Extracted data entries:
-- Opening Marker --

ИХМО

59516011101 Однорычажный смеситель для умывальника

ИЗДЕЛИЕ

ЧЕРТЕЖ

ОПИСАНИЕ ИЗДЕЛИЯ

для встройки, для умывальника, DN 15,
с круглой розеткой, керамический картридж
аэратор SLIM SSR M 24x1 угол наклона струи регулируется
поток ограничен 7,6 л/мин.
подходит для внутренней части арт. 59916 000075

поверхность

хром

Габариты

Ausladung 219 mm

-- Closing Marker --
-- Opening Marker --

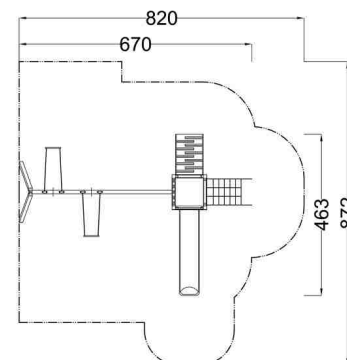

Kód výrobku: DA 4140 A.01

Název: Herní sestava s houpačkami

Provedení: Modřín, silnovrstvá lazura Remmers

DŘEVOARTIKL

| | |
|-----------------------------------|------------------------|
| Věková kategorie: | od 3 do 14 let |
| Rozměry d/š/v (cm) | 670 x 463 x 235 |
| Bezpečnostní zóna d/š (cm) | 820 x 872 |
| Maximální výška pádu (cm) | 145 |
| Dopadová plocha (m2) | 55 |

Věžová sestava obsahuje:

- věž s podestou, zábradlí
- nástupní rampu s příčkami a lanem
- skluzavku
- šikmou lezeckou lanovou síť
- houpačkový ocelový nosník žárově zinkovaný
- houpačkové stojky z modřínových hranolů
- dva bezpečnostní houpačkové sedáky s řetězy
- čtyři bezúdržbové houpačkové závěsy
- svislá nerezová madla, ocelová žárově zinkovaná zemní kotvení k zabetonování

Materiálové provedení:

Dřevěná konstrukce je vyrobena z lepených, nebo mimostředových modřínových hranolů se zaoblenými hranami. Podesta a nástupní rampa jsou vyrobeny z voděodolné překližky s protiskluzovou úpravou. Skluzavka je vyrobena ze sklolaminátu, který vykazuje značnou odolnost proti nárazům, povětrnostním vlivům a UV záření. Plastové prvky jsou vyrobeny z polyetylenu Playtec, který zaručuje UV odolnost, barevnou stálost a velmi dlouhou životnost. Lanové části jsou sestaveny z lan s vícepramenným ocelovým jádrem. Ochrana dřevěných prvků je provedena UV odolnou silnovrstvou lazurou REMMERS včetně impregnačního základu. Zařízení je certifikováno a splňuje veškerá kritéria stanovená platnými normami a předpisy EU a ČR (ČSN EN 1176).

-- Closing Marker --
-- Opening Marker --

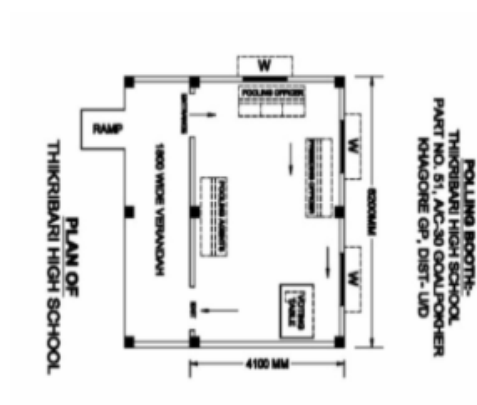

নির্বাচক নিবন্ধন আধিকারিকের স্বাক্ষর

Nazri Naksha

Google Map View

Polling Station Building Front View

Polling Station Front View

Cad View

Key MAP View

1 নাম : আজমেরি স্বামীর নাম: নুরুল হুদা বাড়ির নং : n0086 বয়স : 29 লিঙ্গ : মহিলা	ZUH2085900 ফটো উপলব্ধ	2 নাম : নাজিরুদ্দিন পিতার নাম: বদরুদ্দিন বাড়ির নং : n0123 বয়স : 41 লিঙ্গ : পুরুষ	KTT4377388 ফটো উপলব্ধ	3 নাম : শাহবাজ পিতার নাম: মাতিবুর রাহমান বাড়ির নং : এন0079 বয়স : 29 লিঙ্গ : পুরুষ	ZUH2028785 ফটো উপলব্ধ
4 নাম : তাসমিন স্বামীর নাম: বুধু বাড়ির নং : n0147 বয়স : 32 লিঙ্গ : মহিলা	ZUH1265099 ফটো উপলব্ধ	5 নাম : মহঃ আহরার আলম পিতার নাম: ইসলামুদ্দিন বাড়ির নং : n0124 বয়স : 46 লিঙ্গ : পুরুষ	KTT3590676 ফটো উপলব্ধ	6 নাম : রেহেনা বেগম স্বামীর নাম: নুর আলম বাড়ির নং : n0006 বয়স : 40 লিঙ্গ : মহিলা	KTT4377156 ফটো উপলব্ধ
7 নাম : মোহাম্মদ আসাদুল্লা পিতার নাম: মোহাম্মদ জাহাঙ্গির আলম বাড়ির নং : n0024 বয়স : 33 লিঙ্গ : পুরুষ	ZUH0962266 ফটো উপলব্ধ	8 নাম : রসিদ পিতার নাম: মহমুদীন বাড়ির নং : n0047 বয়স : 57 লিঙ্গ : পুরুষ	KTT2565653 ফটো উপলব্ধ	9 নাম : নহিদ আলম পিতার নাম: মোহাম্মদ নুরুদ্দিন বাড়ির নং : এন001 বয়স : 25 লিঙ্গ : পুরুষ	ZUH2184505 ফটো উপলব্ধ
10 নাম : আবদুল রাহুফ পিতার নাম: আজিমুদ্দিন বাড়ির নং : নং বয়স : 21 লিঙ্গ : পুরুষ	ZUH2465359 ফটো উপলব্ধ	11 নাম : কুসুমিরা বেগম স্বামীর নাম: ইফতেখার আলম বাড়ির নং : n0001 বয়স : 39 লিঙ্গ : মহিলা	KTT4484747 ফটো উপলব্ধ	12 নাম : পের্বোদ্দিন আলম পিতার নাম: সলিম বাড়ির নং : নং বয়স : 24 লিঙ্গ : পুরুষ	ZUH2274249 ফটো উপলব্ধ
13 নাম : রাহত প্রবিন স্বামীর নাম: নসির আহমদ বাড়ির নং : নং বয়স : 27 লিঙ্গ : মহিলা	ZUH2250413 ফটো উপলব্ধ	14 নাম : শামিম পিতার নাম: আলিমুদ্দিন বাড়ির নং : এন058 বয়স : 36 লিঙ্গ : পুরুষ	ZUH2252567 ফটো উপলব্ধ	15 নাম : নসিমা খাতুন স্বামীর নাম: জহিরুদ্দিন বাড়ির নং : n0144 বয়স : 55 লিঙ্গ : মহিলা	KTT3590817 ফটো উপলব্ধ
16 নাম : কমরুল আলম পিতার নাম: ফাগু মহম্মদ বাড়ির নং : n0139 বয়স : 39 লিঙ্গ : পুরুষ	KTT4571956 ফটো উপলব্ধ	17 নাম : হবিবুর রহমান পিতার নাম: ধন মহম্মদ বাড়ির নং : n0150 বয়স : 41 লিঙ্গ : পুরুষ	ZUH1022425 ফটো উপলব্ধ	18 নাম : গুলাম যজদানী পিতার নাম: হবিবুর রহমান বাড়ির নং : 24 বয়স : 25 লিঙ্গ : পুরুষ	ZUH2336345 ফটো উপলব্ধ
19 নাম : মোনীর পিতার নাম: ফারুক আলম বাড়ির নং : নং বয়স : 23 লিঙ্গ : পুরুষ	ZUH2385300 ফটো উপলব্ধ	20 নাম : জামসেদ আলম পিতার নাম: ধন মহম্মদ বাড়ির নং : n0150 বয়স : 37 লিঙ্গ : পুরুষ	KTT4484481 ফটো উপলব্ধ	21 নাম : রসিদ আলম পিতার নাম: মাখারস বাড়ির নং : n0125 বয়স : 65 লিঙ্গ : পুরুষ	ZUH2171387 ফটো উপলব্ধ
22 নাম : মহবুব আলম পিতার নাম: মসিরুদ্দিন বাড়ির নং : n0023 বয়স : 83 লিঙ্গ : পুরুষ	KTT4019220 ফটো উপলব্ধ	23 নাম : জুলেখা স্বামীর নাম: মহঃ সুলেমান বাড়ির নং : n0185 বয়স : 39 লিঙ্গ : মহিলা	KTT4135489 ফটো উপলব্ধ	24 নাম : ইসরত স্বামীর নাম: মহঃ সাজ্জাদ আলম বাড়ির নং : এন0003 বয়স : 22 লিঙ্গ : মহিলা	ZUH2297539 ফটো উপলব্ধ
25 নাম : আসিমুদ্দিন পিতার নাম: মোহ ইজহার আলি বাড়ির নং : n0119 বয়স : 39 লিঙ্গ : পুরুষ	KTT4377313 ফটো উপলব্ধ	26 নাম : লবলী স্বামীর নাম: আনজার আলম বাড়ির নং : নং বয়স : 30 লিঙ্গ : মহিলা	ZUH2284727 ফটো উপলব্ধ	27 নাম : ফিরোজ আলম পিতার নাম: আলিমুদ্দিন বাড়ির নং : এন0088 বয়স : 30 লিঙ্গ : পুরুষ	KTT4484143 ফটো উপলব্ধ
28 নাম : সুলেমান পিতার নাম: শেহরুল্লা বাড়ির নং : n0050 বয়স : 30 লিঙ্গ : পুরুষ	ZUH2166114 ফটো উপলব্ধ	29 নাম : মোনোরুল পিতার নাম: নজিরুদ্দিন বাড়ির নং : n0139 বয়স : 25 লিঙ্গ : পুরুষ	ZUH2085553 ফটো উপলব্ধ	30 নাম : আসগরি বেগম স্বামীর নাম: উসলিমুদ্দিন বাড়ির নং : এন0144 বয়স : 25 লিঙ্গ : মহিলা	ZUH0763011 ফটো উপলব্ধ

-- Closing Marker --

EXERCISE BRIEF -
Looking at the entries above, can you reproduce exactly the lines from the one that holds "Polling Station Front View" through the one that holds "1 নাম : আজমেরি", and only those?

WRITTEN ANSWER -
Polling Station Front View

Cad View

Key MAP View

1 নাম : আজমেরি স্বামীর নাম: নুরুল হুদা বাড়ির নং : n0086 বয়স : 29 লিঙ্গ : মহিলা	ZUH2085900 ফটো উপলব্ধ	2 নাম : নাজিরুদ্দিন পিতার নাম: বদরুদ্দিন বাড়ির নং : n0123 বয়স : 41 লিঙ্গ : পুরুষ	KTT4377388 ফটো উপলব্ধ	3 নাম : শাহবাজ পিতার নাম: মাতিবুর রাহমান বাড়ির নং : এন0079 বয়স : 29 লিঙ্গ : পুরুষ	ZUH2028785 ফটো উপলব্ধ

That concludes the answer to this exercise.